Data for review START

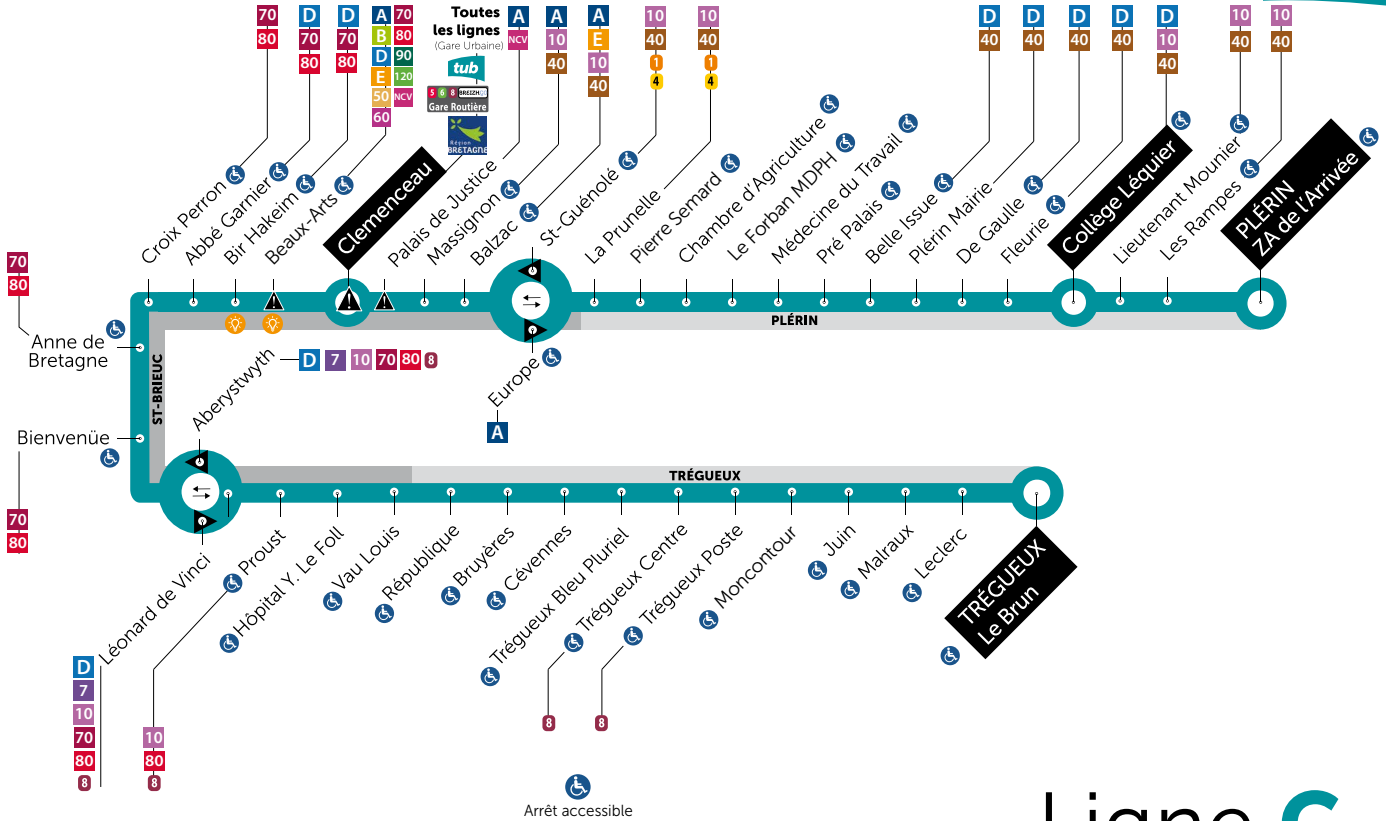

# Ligne C

**Travaux PEM/TEO :** arrêt susceptible d'être reporté selon l'avancement du chantier.  
Actu travaux d'infos : [www.tubinfo.fr](http://www.tubinfo.fr)

Gare Sncf accessible à pied (5 min)

Période scolaire : **20 min**  
Samedi et vacances scolaires : **20 min**
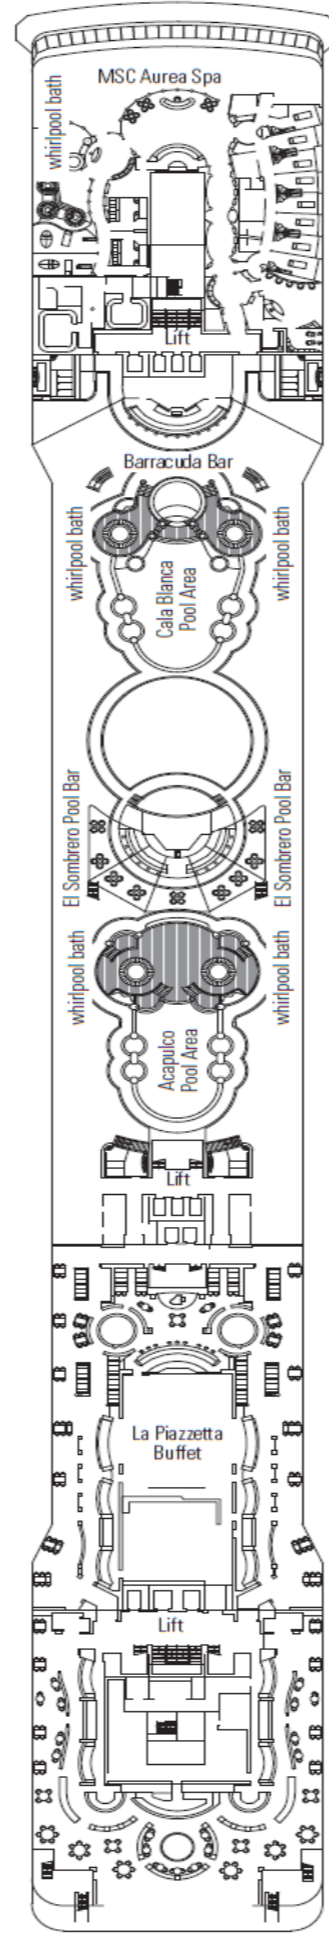

DECK 15  
XILOFONO

DECK 14  
CHITARRA

DECK 13  
MANDOLINO

DECK 12  
CLARINETTO

DECK 11  
FLAUTO

DECK 10  
LIRA

DECK 9  
VIOLA

DECK 8  
ARPA

DECK 7  
SAXOFONO

DECK 6  
VIOLINO

DECK 5  
PIANOFORTE

**INNENKABINE**

● Deluxe Innenkabine

**KABINE MIT MEERBLICK**

● Deluxe Kabine mit Meerblick und teilweiser Sichteinschränkung

● Deluxe Kabine mit Meerblick

**BALKONKABINE**

● Deluxe Balkonkabine mit teilweiser Sichteinschränkung

● Deluxe Balkonkabine

● Premium Balkonkabine

● Balkonkabine Aurea

**SUITE**

● Premium Suite Aurea

**LEGENDE**

- ▲ Sofabett
- ◆ Doppel-Sofabett
- 3. Bett zum Herunterklappen
- 3./4. Bett zum Herunterklappen
- ⌋ Kabinen mit Verbindungstür
- H Kabinen für Gäste mit Beeinträchtigungen oder eingeschränkter Mobilität
- ⊙ Kabinen mit eingeschränkter Sicht
- Balkon mit einer Metallbalustrade
- Balkon mit einer halben Glas- und einer halben Metallbalustrade
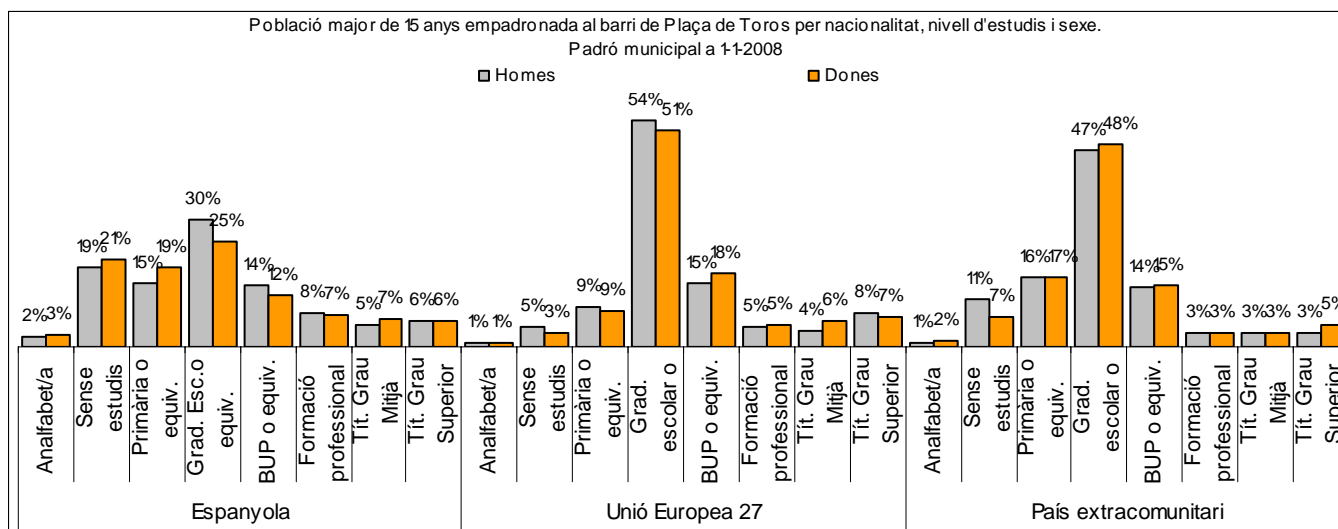

1. Mapa del barri

2. Gràfics de població general

3. Gràfics de població de nacionalitat estrangera

4. Taules de població

Nacionalitat	Plaça de Toros			% sobre total població			% sobre nacionalitat estrangera		
	Total	Homes	Dones	Total	Homes	Dones	Total	Homes	Dones
Total població	15.457	7.524	7.933	100	100	100	-	-	-
Espanyola	12.409	5.927	6.482	80,3	78,8	81,7	-	-	-
Estrangera	3.048	1.597	1.451	19,7	21,2	18,3	100	100	100
Unió Europea 27	896	465	431	5,8	6,2	5,4	29,4	29,1	29,7
Resta d'Europa	78	37	41	0,5	0,5	0,5	2,6	2,3	2,8
Llatinoamericana	1.657	795	862	10,7	10,6	10,9	54,4	49,8	59,4
Asiàtica	93	59	34	0,6	0,8	0,4	3,1	3,7	2,3
Africana	310	230	80	2,0	3,1	1,0	10,2	14,4	5,5
Altres nacionalitats	14	11	3	0,1	0,1	0,0	0,5	0,7	0,2

Superfície en hectàrees i densitats (persones/hectàrees)										
Zona estadística	Total hectàrees	Dens. població total			Dens. nacionalitat estrangera			Dens. nacionalitat extracomunitària		
		Total	Homes	Dones	Total	Homes	Dones	Total	Homes	Dones
Plaça de Toros	54,3	284,8	138,6	146,2	56,2	29,4	26,7	39,7	20,9	18,8
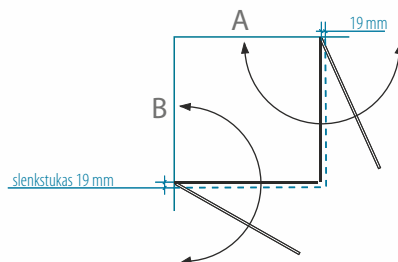

DUŠO KABINA LIEPA

DUŠO KABINA	A (mm)	B (mm)	KABINOS AUKŠTIS (mm)	Saugus 6 mm grūdintas stiklas		
				Skaidrus	Tamsintas rusvai arba pilkai	Raštuotas, satin, melsvas, žalsvas
80x80	779-784	779-784	1900	529 €	559 €	589 €
90x90	879-884	879-884		549 €	579 €	609 €
100x100	979-984	979-984		569 €	599 €	629 €
Kiti pasirinkti matmenys intervale 700..1000x700...1000mm				619 €	649 €	679 €

- Keičiant aukštį, taikomas 15% antkainis. Maksimalus aukštis – 2100 mm.
- Dušo kabinos LIEPA durys atidaromos tiek į išorę, tiek į kabinos vidų.
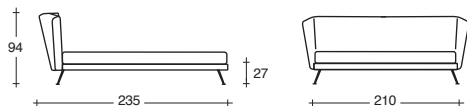

Bed RING 210
Lit RING 210
Bett RING 210
Cama RING 210

kg

m³ 0,80

m 7,50

Inserire materasso cm160x200

Add mattress cm160x200
Insérer matelas cm160x200
Für Matratze cm160x200
incorporar calchón de cm160x200

LA05

Data for review END

## Aim of the task
Count the lines in the entries above that include the string "Premium", then give only that figure.

## Response for this exercise
2